Pekin’in, adacıklar etrafında yeni bir statüko oluşturmaya çalıştığına inanan Japonya, adacıkların yakınındaki Çin gemilerine bölgeden ayrılma uyarısında bulunuyor.
Uluslararası hukukta bir kıyı devletinin kara sularından geçiş, diğer devletin barışına, düzenine veya güvenliğine zarar ve halel getirmediği sürece garanti altına alındığından Japonya’nın seyir faaliyetini engelleme hakkı bulunmuyor.
“Provokasyon Pekin’e avantaj”
2016’nın yazında adacıklar çevresinde seyreden 300’e yakın Çin balıkçı teknesinden bazıları Japon kara sularını ihlal etmişti.
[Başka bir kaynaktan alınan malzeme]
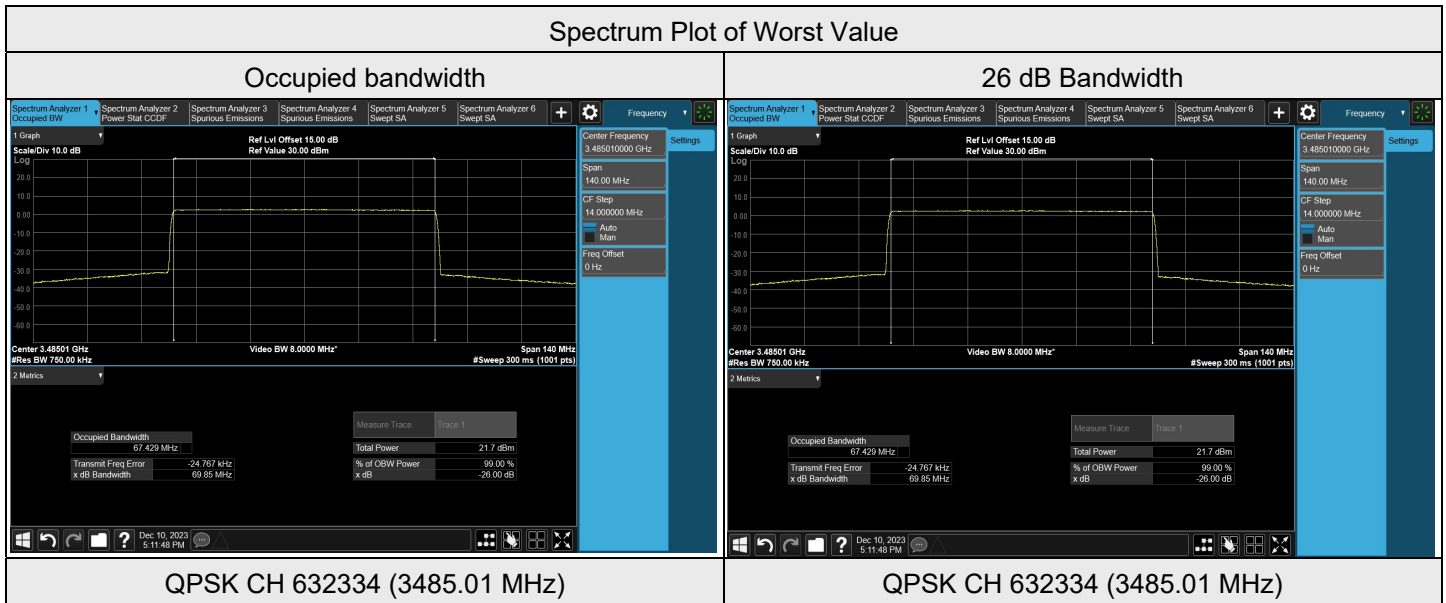

Chain 1

NR n77 SCS 30 kHz (3450-3550 MHz) 70M				
Modulation	Channel	Frequency (MHz)	Occupied Bandwidth (MHz)	26 dB Bandwidth (MHz)
QPSK	632334	3485.01	67.429	69.85
QPSK	633334	3500.01	67.418	69.84
QPSK	634332	3514.98	67.401	69.84
16QAM	632334	3485.01	67.390	69.81
16QAM	633334	3500.01	67.394	69.84
16QAM	634332	3514.98	67.382	69.83
64QAM	632334	3485.01	67.420	69.79
64QAM	633334	3500.01	67.382	69.80
64QAM	634332	3514.98	67.411	69.80
256QAM	632334	3485.01	67.419	69.83
256QAM	633334	3500.01	67.398	69.84
256QAM	634332	3514.98	67.402	69.82
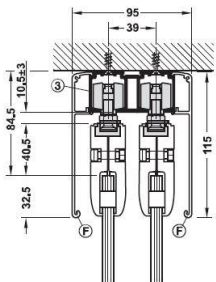

Montaje a techo con carril de deslizamiento doble y pantalla para clipar 115 mm
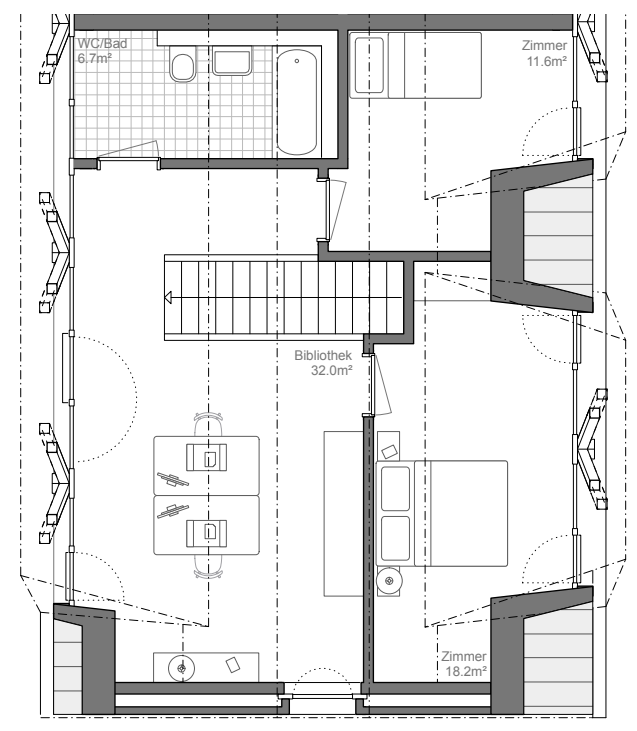

HAUS 1 «FINK»

H1.01 | EG-DG | 6.5 ZIMMER-REIHENHAUS

Reihenhaus | Wohnfläche: 160.2 m²
 Sitzplatz 1: 15.1 m² | Sitzplatz 2: 4.8 m²

EG

OG

DG

Ludwigstrasse

Seeblickstrasse
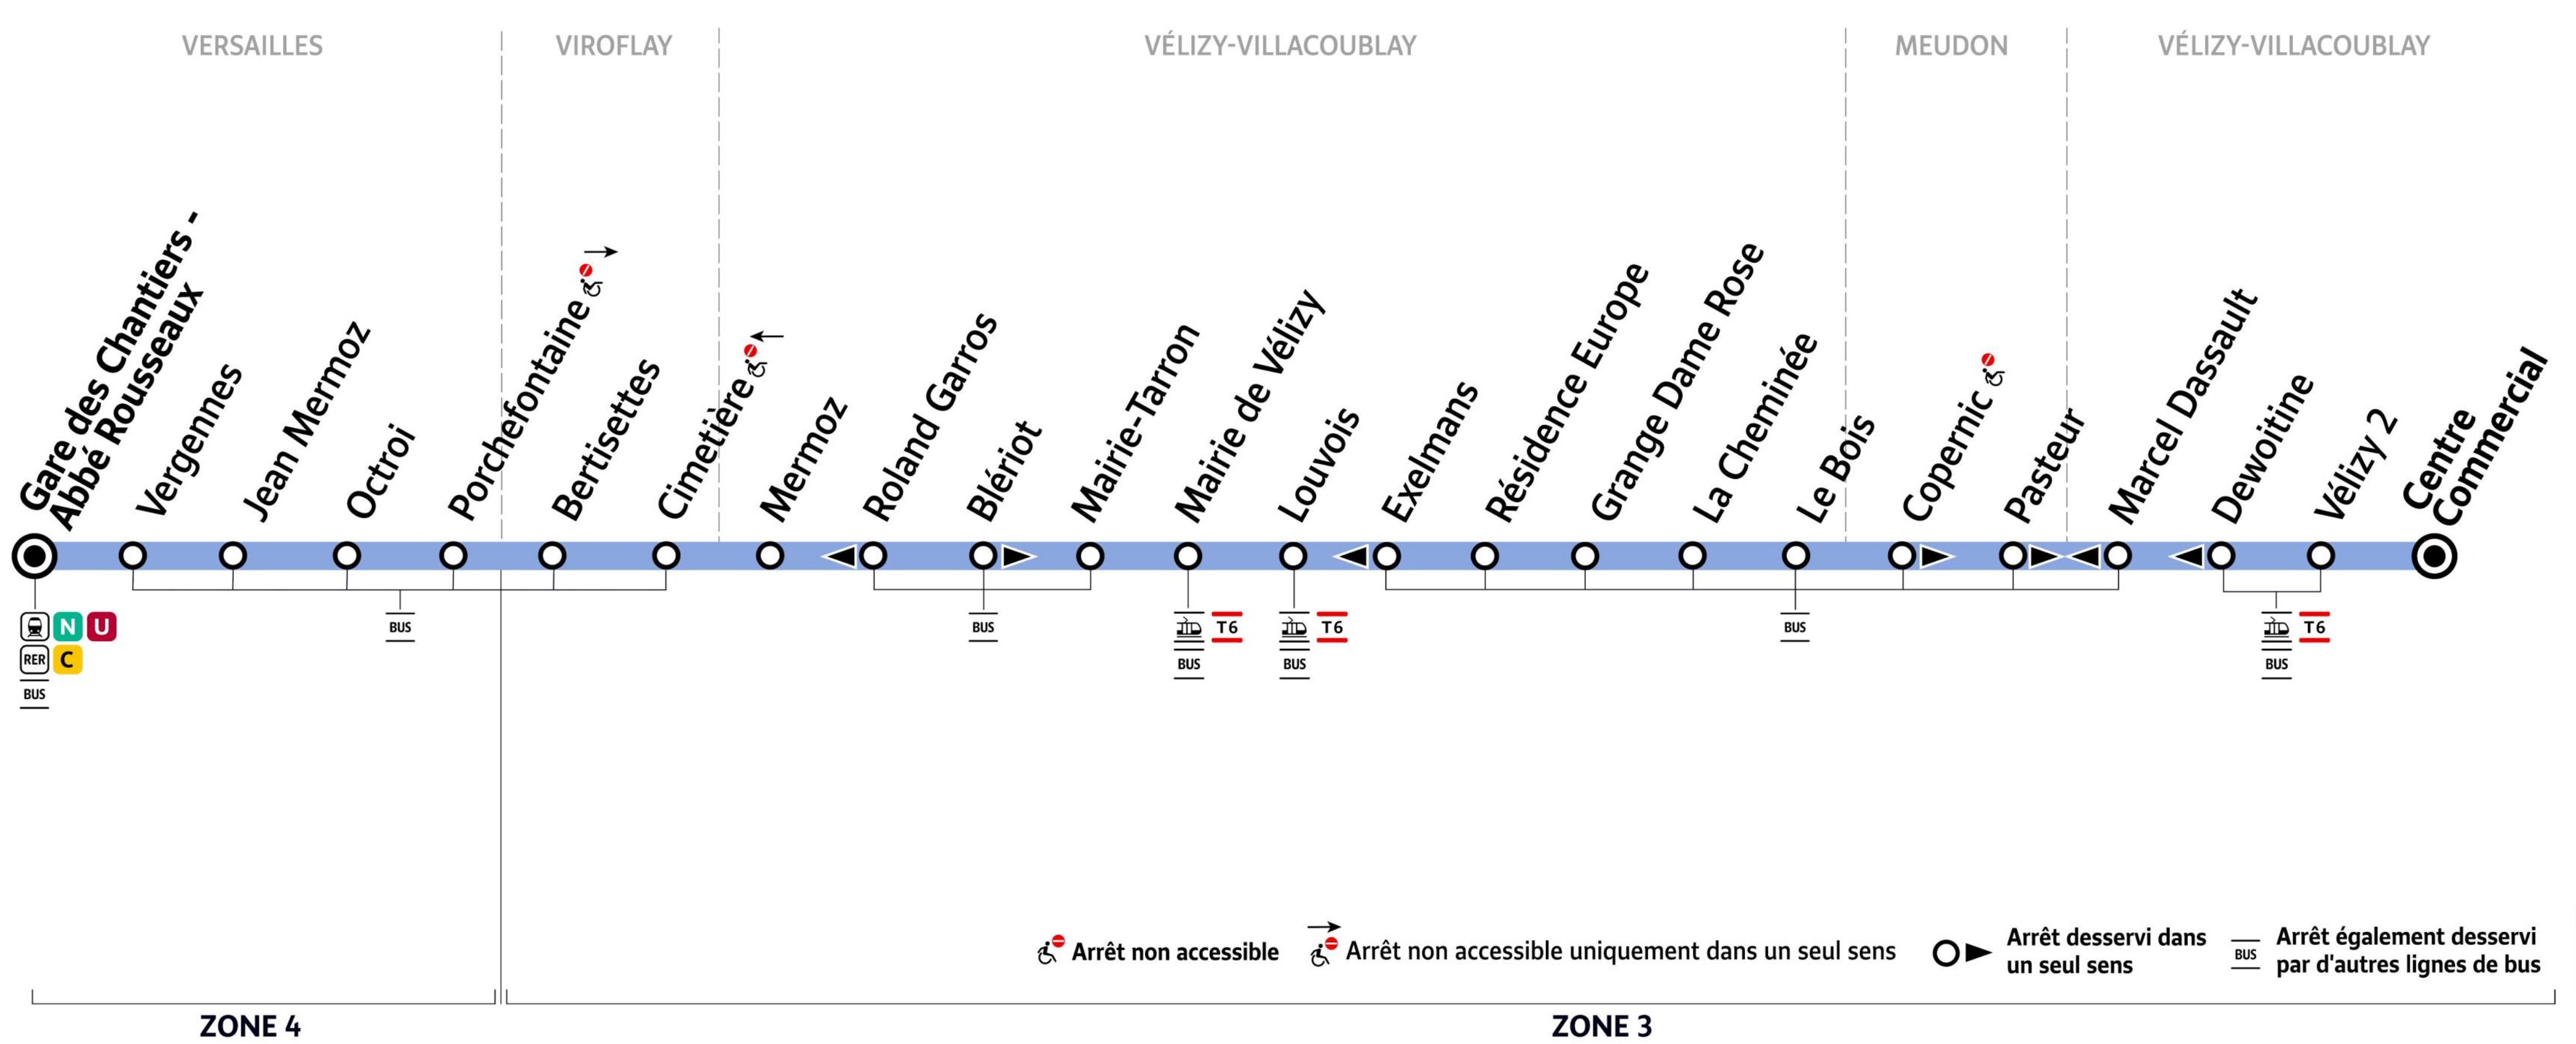

Paris Phebus bus 24 for Chateau de Versailles

Gare des Chantiers Abbe Rousseaux to Centre Commercial bus route map with stops and transport connections

Via - EUtouring.com
 Reproduced with Permission
 helping you discover more of Paris

BUS **24**

Paris Public Transport

[Paris Transport Systems](#)

- Related transport maps
- [Paris Metro Maps](#)
 - [RER train lines](#)
 - [Paris buses](#)
 - [Tramway lines](#)
 - [CDG Airport shuttle services](#)
 - [Orly Airport shuttle services](#)

EUtouring.com
 Discovering more of Paris France

Arrêt non accessible Arrêt non accessible uniquement dans un seul sens Arrêt desservi dans un seul sens Arrêt également desservi par d'autres lignes de bus
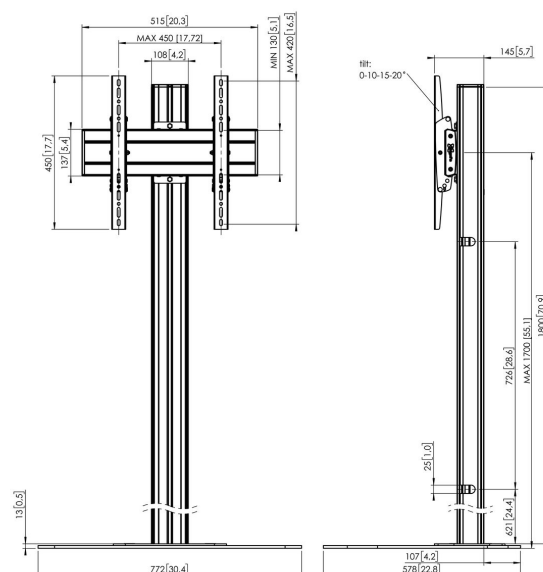

F1844S Display vloerstandaard

Belangrijke voordelen

- Stijlvol high-end design
- Kabeldoorvoersysteem
- Eenvoudige en snelle installatie

De F 1844 vloerstandaard is geschikt voor tv's met een schermgrootte tot 165 cm en een gewicht van maximaal 80 kg. Deze slanke vloerstandaard past goed in iedere ruimte.

F1844S Display vloerstandaard

Specificaties

Max. grootte beeldscherm (inch)	65
Min. hole pattern	100mm x 100mm
Max. hole pattern	400mm x 400mm
Min. horizontaal gatenpatroon (mm)	100
Max. horizontaal gatenpatroon (mm)	400
Min. verticaal gatenpatroon (mm)	100
Max. verticaal gatenpatroon (mm)	400
Universeel of vast gatenpatroon	Universeel
Max. hoogte van interface (mm)	450
Max. breedte van interface (mm)	515
Max. afstand tot vloer vanaf midden beeldscherm (mm)	1700
Max. laadgewicht (kg)	80
Max. laadgewicht (Lbs)	176.37
Kantelen	Kantelsysteem tot 20°
Hoogte	1800
Breedte	772
Diepte	578
Artikelnummer (SKU)	7951024
EAN enkele doos	8712285332562
Kleur	Zilver
Certificeringen	TÜV
TÜV-gecertificeerd	Ja
Garantie	5 jaar

O dönemde Japon Sahil Güvenliğinde üst düzeyde görevde bulunan Toyama Atsuşi, 2012’deki millileştirmenin, “Çin’e gemilerini sürekli bölgeye sevk etmesi için mazeret sağladığı” görüşünü dile getirdi.
Japon Sahil Güvenliğinin askeri çatışmalardan kaçınırken aynı zamanda adacıkları koruduğunu kaydeden Toyama, “Bana göre, Çin gemilerinin bölgedeki sürekli varlığı bazılarını öfkelendiriyor. Provokatif hamlelere başvurursak da bundan sadece Pekin avantaj sağlar.” ifadelerini kullandı.
Okinawa eyaletinin Naha ilçesindeki 11. Bölge Sahil Güvenlik Karargahına ait devriye gemileri, Japon balıkçı gemilerini adacıklar etrafındaki Çin’e ait gemilerden korumak için bölgeye sürekli devriye faaliyeti yürütüyor.
Bölgedeki gidişatı 7 gün 24 saat izleyen JCG, “ihlal” oluşturduğunu düşündüğü durumlarda, elektronik sinyal yoluyla “Japon kara sularına terk etmeleri” yönünde Çin’e ait gemilere uyarıda bulunuyor. JCG, açık denizlere muhrip gemi ve devriye uçakları sevk eden Japonya Deniz Öz Savunma Kuvvetleri (MSDF) ile de iş birliği yapıyor.
ABD müdahil olabilir mi?
Adacıklar, Japonya’nın Okinawa eyaletinin idari yetki sahasında bulunuyor. Japonya yüzölçümünün yüzde 0,6’sını oluşturan Okinawa, ülke genelinde ABD askeri tesislerinin toplam arazi alanlarının yüzde 70,6’sına ev sahipliği yapıyor.
Ülkenin en güneybatısında yer alan Okinawa’ya, Japonya’ya iade edildiği 1972’den beri, füze denemeleriyle tehditkar Kuzey Kore ve bölgesel askeri faaliyetlerini artıran Çin’e karşı “jeopolitik ve stratejik önem” atfediliyor.
Tokyo-Washington arasındaki askeri ittifakı göz önüne alındığında, son dönemde Japon hükümetinin, olası bir askeri saldırı halinde adacıklar bölgesinin, 1960 Japonya-ABD Güvenlik Anlaşması’nın 5. maddesi kapsamında yer aldığını, ABD yönetimine teyit ettirme çabası dikkati çekiyor.
Japon hükümet yetkilisi, “statükoyu güç kullanarak değiştirmeye yönelik belirgin girişimi bulunan Çin karşısında gardımızı düşüremeyiz.” diyerek, “Millileştirmek, savunma politikamızı ciddi bir acilliyet yaklaşımıyla gözden geçirmemiz için bir ipucu vermiş oldu.” ifadelerini kullandı.